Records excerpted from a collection
○ ○ ○ ○ ○
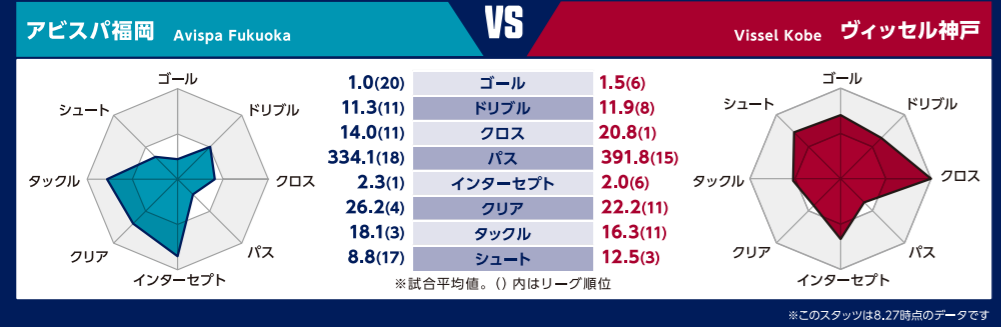

AVISPA PLAYER

アビスパ福岡

監督	長谷部 茂利	47	DF	橋本 悠	
1	GK	永石 拓海	6	MF	前 寛之
31	GK	村上 昌謙	7	MF	金森 健志
41	GK	坂田 大樹	8	MF	紺野 和也
51	GK	菅沼 一晃	25	MF	北島 祐二
2	DF	湯澤 聖人	30	MF	重見 航斗
3	DF	奈良 竜樹	35	MF	平塚 悠知
4	DF	井上 聖也	88	MF	松岡 大起
5	DF	宮 大樹	9	FW	シャハブ ザヘディ
16	DF	小田 逸稀	10	FW	城後 寿
19	DF	亀川 諒史	13	FW	ナッシュム ベン カリファ
29	DF	前嶋 洋太	17	FW	ウェリントン
33	DF	ドウグラス グローリ	18	FW	岩崎 悠人
37	DF	田代 雅也	27	FW	佐藤 凌我
40	DF	池田 樹磨也	28	FW	鶴野 怜樹
44	DF	森山 公弥			

AWAY TEAM PLAYER

ヴィッセル神戸

監督	吉田 孝行	14	MF	沐木 康也	
1	GK	前川 諒也	16	MF	齊藤 未月
21	GK	新井 章太	18	MF	井出 遥也
29	GK	高山 汐生	22	MF	佐々木 大樹
50	GK	オビ パウエル オビナ	25	MF	鎌先 祐弥
GK	亀田 大河	30	MF	山内 翔	
3	DF	マテウス トゥーレル	31	MF	中坂 勇哉
4	DF	山川 哲史	44	MF	日高 光輝
15	DF	本多 勇喜	88	MF	森岡 亮太
19	DF	初瀬 亮	96	MF	山口 蛍
23	DF	広瀬 陸斗	MF	岩本 悠庵	
24	DF	酒井 高徳	MF	岡 奨瑛	
55	DF	岩波 拓也	MF	濱崎 健斗	
81	DF	菊池 流帆	9	FW	宮代 大聖
DF	山田 海斗	10	FW	大迫 勇也	
2	MF	飯野 七聖	11	FW	武藤 嘉紀
6	MF	扇原 貴宏	26	FW	ジェアン パトリック
7	MF	井手口 陽介	35	FW	富永 虹七

MATCH ANALYSIS

STADIUM GOURMET

※全て税込価格

- 8 クリーむみっくす本舗 ¥650 元祖博多たこ焼き
- 11 ふくや ¥1,400 イカす! めんたい寿司
- 10 15 29 富士企画 ¥610 豚バラ
- 13 31 肉のうめぜん ¥800 北島ゆーずサワー
- 22 OFFSHORE VILLAGE ¥600 パストラミホットサンド
- 27 スタジアムグルメABC ¥600 唐揚げ

バックスタンドエリア

1. MaNa KEBAB
2. COCO GELATO
3. 走れ! サンドイッチ少年
4. ベトナム料理シンチャオ
5. つつみ団子
6. naruheso tanma+Blue Roof
7. はかたの桜華
8. クリーむみっくす本舗
9. ウエスト
10. 富士企画
11. ふくや
12. 鉄板焼 仁
13. 肉のうめぜん
14. 中華のつつむ
15. 富士企画
16. Charlie's Curry
17. とり良
18. ドイスラゴス

メインスタンド

1. ミスターケバブ
2. スタジアムグルメABC
3. 夢屋台

場内コンコース (メイン側)

1. 富士企画
2. ぐるぐるサイズのピリヤニ屋さん
3. 肉のうめぜん
4. ICHiyu
5. TRESOL
6. はかたの桜華
7. 絵里加

場内コンコース (バック側)

1. ジェリーズポップコーン
2. k' キッチン
3. LLバーガー

スタグル店舗の詳細はこちら▶

白バイ&パトカーがやってくる!

飲酒運転 撲滅キャンペーン 実施

東・博多両警察署のご協力により、飲酒運転撲滅キャンペーンとして、パトカーや白バイ、ミニミニパトカー、ミニ白バイがやってきます! 本物の車両に乗車体験して記念撮影も行えます。

※雨天時は、中止もしくは内容を変更させていただきます場合がございます。

【時間】16:00~19:00
【場所】イベント広場

2024season AVISPA FUKUOKA OFFICIAL GOODS

グッズはMAP内の①②③④⑤⑥⑦⑧⑨⑩⑪⑫⑬⑭⑮⑯⑰⑱⑲⑳㉑㉒㉓㉔㉕㉖㉗㉘㉙㉚㉛㉜㉝㉞㉟㊱㊲㊳㊴㊵㊶㊷㊸㊹㊺㊻㊼㊽㊾㊿でお願いします。

かみせぶん 2024! ちえっくしてね!

かみせぶんグッズ 今年も登場!

- NEW 神7 BIG アクリルキーホルダー 価格: 1,870(税込) サイズ:H15cm (#8, #18, #27 #88, #9, #10, #6)
- NEW 神7 ステッカー (2枚セット) 価格: 880円(税込) (#8, #18, #27 #88, #9, #10, #6)
- NEW 神7 フェイスタオル 価格: 2,420(税込) サイズ:H34cm×W84cm

にわかセット

にわかファン (スタジアム観戦初心者) への おすすめアイテム!

通常価格から 約10% OFF!

スタジアムシートクッション&フラッグ 価格: 2,750円(税込) → 2,470円(税込)

24アビスパ法被 価格: 4,620円(税込) サイズ:身丈/85cm 身巾/67cm 肩巾/67cm 袖丈/36cm

EVENT Time Schedule

- 16:00 スタジアムグルメ(一部店舗除く)&各種ブースオープン
- 16:30 先行入場
- 16:45 一般入場
- 16:35 ステージイベントスタート(イベント広場)MAP①
- ・アビスパ福岡オフィシャルチャリティーパフォーマンス
- ・宗像市PR ・盛り上げ隊 ・ライジングゼファーフクオカの選手&マスコット登場! ・アビスパ福岡選手登場!!
- 17:10頃 選手バス到着(正面玄関)MAP②
- 18:15 ウォーミングアップ開始(ピッチ)
- 18:50 スタジアム実況配信サービス 配信開始
- 18:58 選手入場
- 19:03 キックオフ
- ハーフタイム
- 21:00 試合終了(勝利時)ヒーローインタビュー・博多手一本

実況配信サービス 観覧はこちら

天候により一部内容が変更、中止となる場合がございます。

ハチ祭り大縁日を開催!

ハチ祭り限定! ポストカードくじ (福集)全7選手 1回 200円

- ▶ライジングコラボ ミニフリースロー
- ▶キックターゲット
- ▶スーパーボールすくい
- ▶8.8秒チャレンジ

【時間】16:00~
【場所】イベント広場緑日ブース

※画像はイメージです。

ライジングゼファーフクオカの選手と神くんが来場!!

アビスパ福岡の選手とフリースロー対決&トークショーを行います。

加藤寿一選手 谷口光貴選手

【時間】17:08頃~ 【ピッチ】17:45頃~

パブロ・アギラール選手 神くん

2024 SEASON SPECIAL UNIFORM

9/14町田戦~ スベユニ着用試合 後半戦の勝利を後押し!!

アルコール飲料 販売店舗 マークです

ビールは全店舗共通価格です。 [545cc] ¥700 | [660cc] ¥800 | [760cc] ¥900

アビスパ福岡ファンクラブ会員カードのご提示でおトクになるサービスあり!!

スタグル店舗の 詳細はこちら▶

【時間】16:00~
○ ○ ○ ○ ○
Exercise directions
Using the data above, say how many lines include "AVISPA". No other reply is needed.

Solution for this problem
2